▸ **Exercise aim**: Look below for the line with "TRUCK, 5-TON, 6X6, M809" and the line with "SMART WIFI ORBISW SWAN 200X200TW"; repeat exactly those two lines and all lines between them, but no pictures.

··········

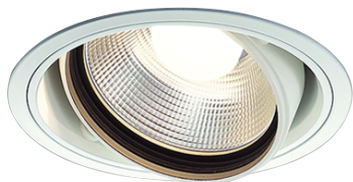

Item no. DD103-3430W9040

Series Name: Versa R-G (DD103)

DISCONTINUED

| | |
|------------------|-------------------------|
| Installation | Recessed mount |
| Type | |
| Fixture wattage | 33.8W |
| Beam angle | 29 deg |
| Color Temp. | 4000K |
| CRI | Ra>90 |
| Luminous | 3085 lm |
| Body | Die-cast aluminum alloy |
| Body finish | N/A |
| Trim finish | White |
| Reflector finish | N/A |
| IP Rate | IP20 |
| Light source | COB module |
| Input Voltage | AC220~240V |
| Dimming Type | Non-Dimmable |
| Certificate | CE, CCC |
| Cut Hole | 150mm |
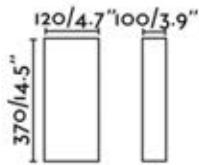

66406
COTTON MATTE BLACK

SURFACE WALL LAMP
2 x E27 MAX 15W LED

Body Steel
Shade Textile

66407
COTTON BEIGE
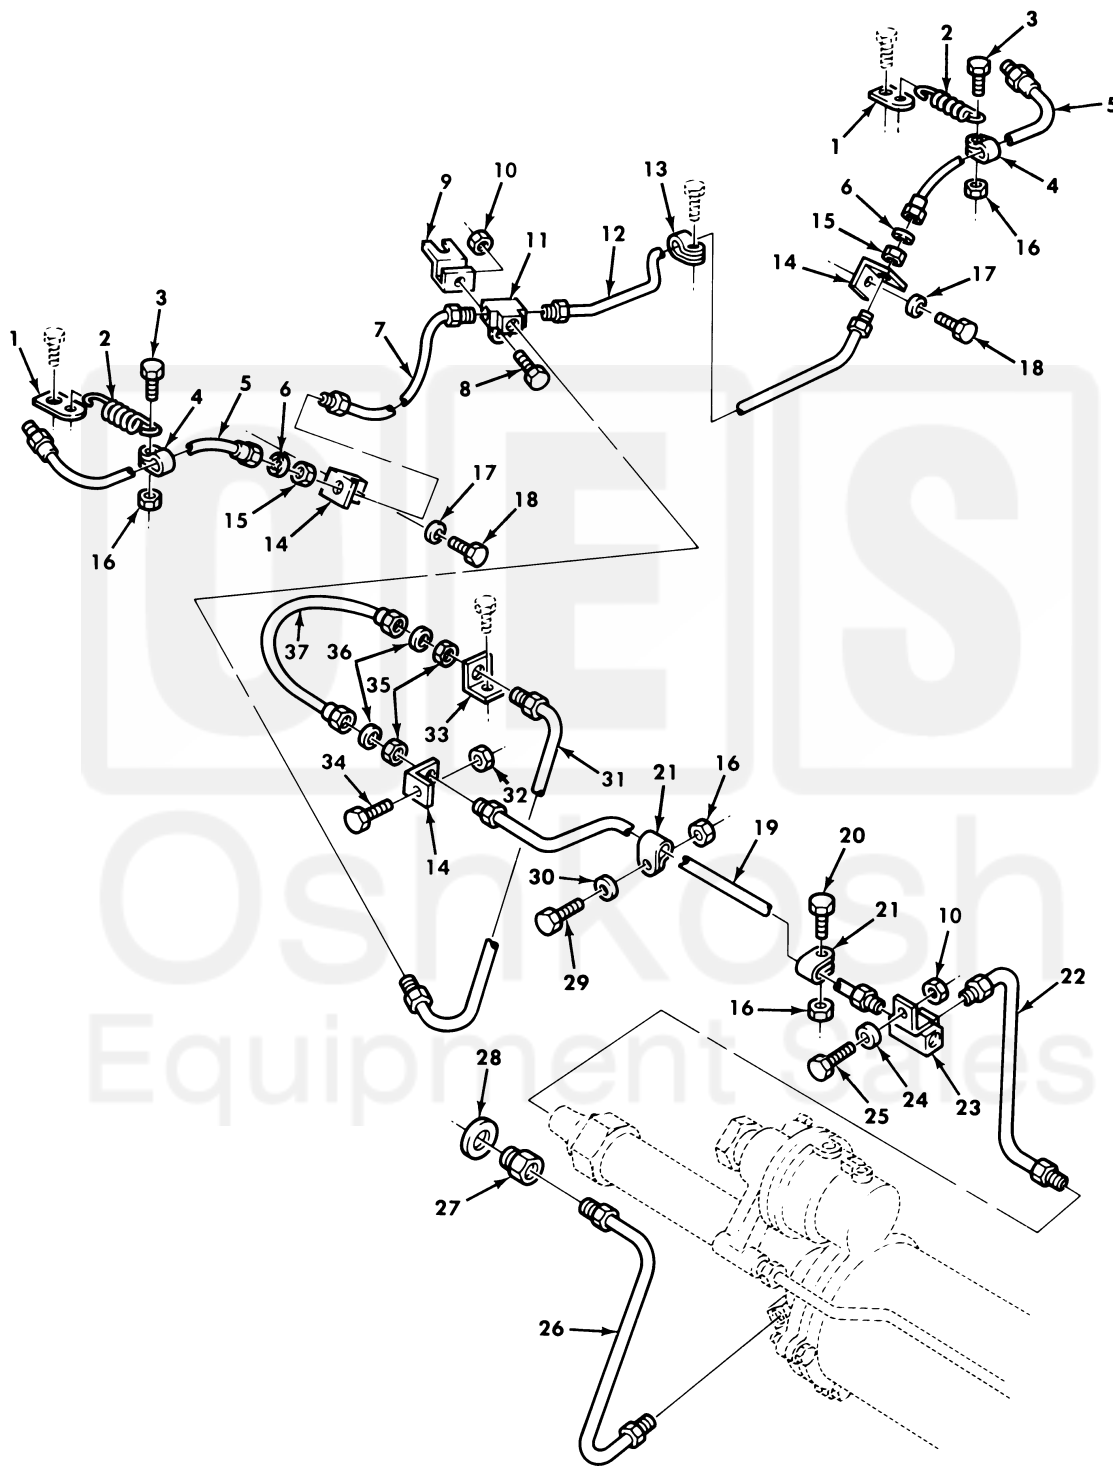

UNIT, DIRECT SUPPORT, AND GENERAL SUPPORT MAINTENANCE
REPAIR PARTS AND SPECIAL TOOLS LIST
TRUCK, 5-TON, 6X6, M809 SERIES TRUCKS (DIESEL)

Figure 169. Front Axle Service Brake Hydraulic Lines and Mounting Hardware.
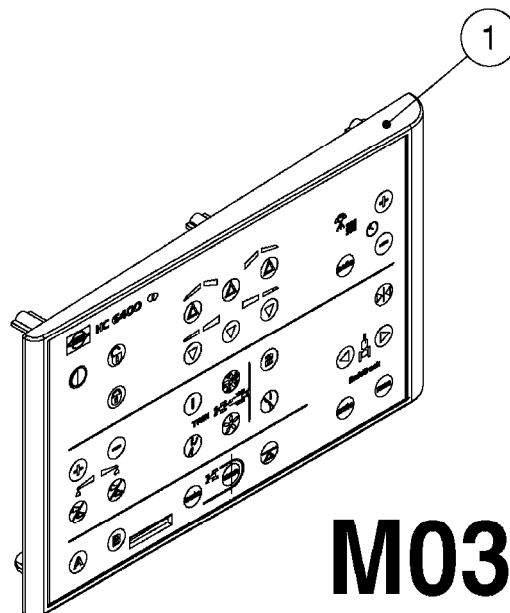

HC6400 SETBOX
M0330-HIN, 01:01:16

Page 0

Date 12.08.2020 9:08
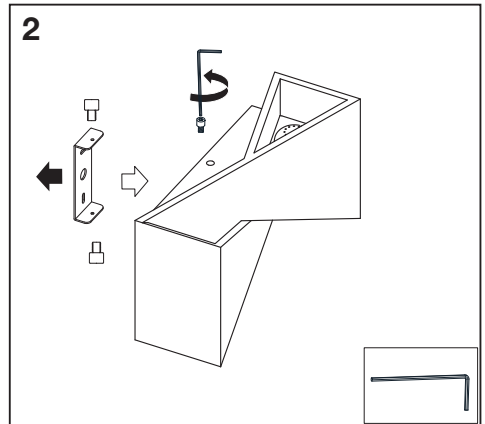

## ORBIS SWAN

	EAN	W	Lumen module lm	Lumen output lm	K	🌡️ (°C)	IP	V~	mA	Hz	DF
SMART WIFI ORBISW SWAN 300X150TW WT	4058075574021	23	4x600	1700	3000- 6500	-20...+40	20	220-240	96	50/60	>0.7
SMART WIFI ORBISW SWAN 200X200TW WT	4058075574052	23	4x600	1300	3000- 6500	-20...+40	20	220-240	96	50/60	>0.7

	EAN	This product contains a light source of energy efficiency class	Contained Light Source
ORBIS SWAN 300X150TW WT	4058075574021	E	Contains 4 light sources 
ORBIS SWAN 200X200TW WT	4058075574052	E	Contains 4 light sources

··········

▸ **Solution for this task**:
TRUCK, 5-TON, 6X6, M809 SERIES TRUCKS (DIESEL)

Figure 169. Front Axle Service Brake Hydraulic Lines and Mounting Hardware.

HC6400 SETBOX
M0330-HIN, 01:01:16

Page 0

Date 12.08.2020 9:08

## ORBIS SWAN

	EAN	W	Lumen module lm	Lumen output lm	K	🌡️ (°C)	IP	V~	mA	Hz	DF
SMART WIFI ORBISW SWAN 300X150TW WT	4058075574021	23	4x600	1700	3000- 6500	-20...+40	20	220-240	96	50/60	>0.7
SMART WIFI ORBISW SWAN 200X200TW WT	4058075574052	23	4x600	1300	3000- 6500	-20...+40	20	220-240	96	50/60	>0.7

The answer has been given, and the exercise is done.